En 1993, una pareja en Washington denunció a Pepsi ante autoridades locales por haber encontrado, supuestamente, una jeringa dentro de una lata de refresco. El día siguiente, se reportó otro caso igual, por lo que la Food and Drug Administration (FDA) emitió un comunicado alertando a consumidores en la región a tomar precauciones al comprar refresco que proviniera de la compañía embotelladora contratada por Pepsi. Los directivos de Pepsi, totalmente seguros de que los reportes eran falsos, pidieron a los dirigentes de la embotelladora que declararan ante los medios la imposibilidad de intervenir en el proceso de embotellamiento de los refrescos.

Sin embargo, durante la semana siguiente a la denuncia, comenzaron a llegar reportes a las oficinas de Pepsi sobre casos similares, esta vez en ciudades lejanas. Y fue en ese momento que Pepsi juntó a un equipo de respuesta, conformado por doce directivos, para encargarse de la crisis que se estaba desenvolviendo.

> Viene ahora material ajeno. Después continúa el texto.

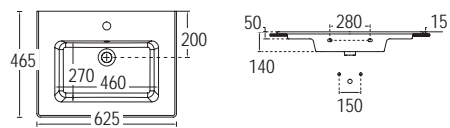

ΕΠΙΚΑΘΗΜΕΝΟΣ
ΕΠΙΠΛΟΥ

Βάθος γούρνας: 14 εκ.
1 οπή

La respuesta de Pepsi fue publicar el video de seguridad de una tienda de Colorado que mostraba a una mujer colocando una jeringa en una lata a espaldas de uno de los empleados. Al mismo tiempo, publicaron un reporte que explicaba el proceso de embotellamiento. La estrategia consistía en presentar dos defensas simultáneas. Una, el reporte corporativo, para demostrar que no había adulteración en la fase de producción; otra, el video de seguridad, para comprobar que los objetos externos eran colocados por personas después de que las latas eran abiertas y que solo buscaban desprestigiar a la marca o, simplemente, hacer una mala broma. Poco después, el CEO de Pepsi y el Comisionado de la FDA anunciaron conjuntamente que no había riesgo en beber productos de Pepsi.

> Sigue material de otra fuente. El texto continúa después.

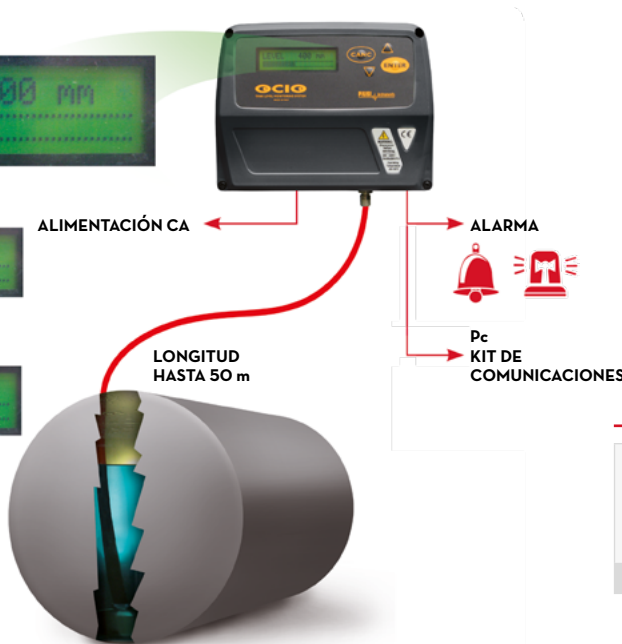

## CARACTERÍSTICAS

- ALARMAS DE NIVEL BAJO/ALTO
- INDICACIÓN DE MEDIDA DE LÍQUIDO
- PANTALLA INTEGRADA

OCIO es un indicador de nivel de depósito, idóneo para cualquier tipo de almacenamiento de líquidos en tanques de hasta 4 m de profundidad. Ofrece una indicación en tiempo real de la cantidad de líquido que se encuentra en el interior del tanque. Es fácil de calibrar y tiene dos alarmas que pueden ajustarse a un nivel específico, alto y bajo, para los niveles alto y bajo.

## FUNCIONES

Nivel de combustible  
10 mm  
Resolución medida

Volumen de combustible  
20 litros  
Resolución calculada

% de combustible  
1 %  
Resolución calculada

## CONTENIDO DE LA CAJA

- UNIDAD OCIO
- SONDA
- TUBO DE 10 M
- MANUAL DE INSTRUCCIONES

Cabe mencionar que, previo al comunicado conjunto, la FDA anunció en los medios el arresto de un individuo por presentar falsos reclamos, enfatizando que este acto, siendo un delito federal, contaba con una pena de cinco años de prisión y una multa de 250,000 dólares. Dado que este anunció se emitió previo al comunicado conjunto, se puede inferir que Pepsi instó a la FDA a emitir este anuncio como parte de su estrategia de control de daños.

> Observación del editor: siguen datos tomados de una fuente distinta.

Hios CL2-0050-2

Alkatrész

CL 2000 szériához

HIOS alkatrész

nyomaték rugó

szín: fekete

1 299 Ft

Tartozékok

La FDA también emitió comunicados anunciando que ningún supermercado estaba retirando productos de Pepsi, lo cual ayudó a generar confianza en tiendas más pequeñas y -así- mitigar pérdidas a nivel de los distribuidores. Al tener respaldo de la FDA, la instancia de gobierno que atendió los casos inicialmente, la defensa de Pepsi obtuvo mayor fuerza.

En paralelo, las oficinas centrales enviaban informes diarios sobre el estado de la crisis a sus 600 oficinas, centros de distribución y embotelladoras en todo Estados Unidos. Los informes incluían protocolos de respuesta para asegurar a clientes y proveedores que las bebidas eran seguras.

Una vez mitigada la crisis, en gran parte gracias al video de la tienda de Colorado, Pepsi pagó un espacio publicitario en periódicos nacionales para anunciar su “victoria” y para agradecer a los consumidores que permanecieron fieles a la marca. El anuncio leía: “Pepsi se complace en anunciar…nada. […] Como Estados Unidos sabe ahora, esas historias sobre Diet Pepsi fueron un engaño. Cientos de investigadores no encontraron pruebas que respalden una sola reclamación… [Gracias] a los millones que nos acompañaron”. Y aunque se reportó una caída en las acciones de Pepsi de 2%, esta empresa se recuperó en menos de un mes gracias a su rápida respuesta, a su estrategia de comunicación y a la coordinación con autoridades del gobierno federal.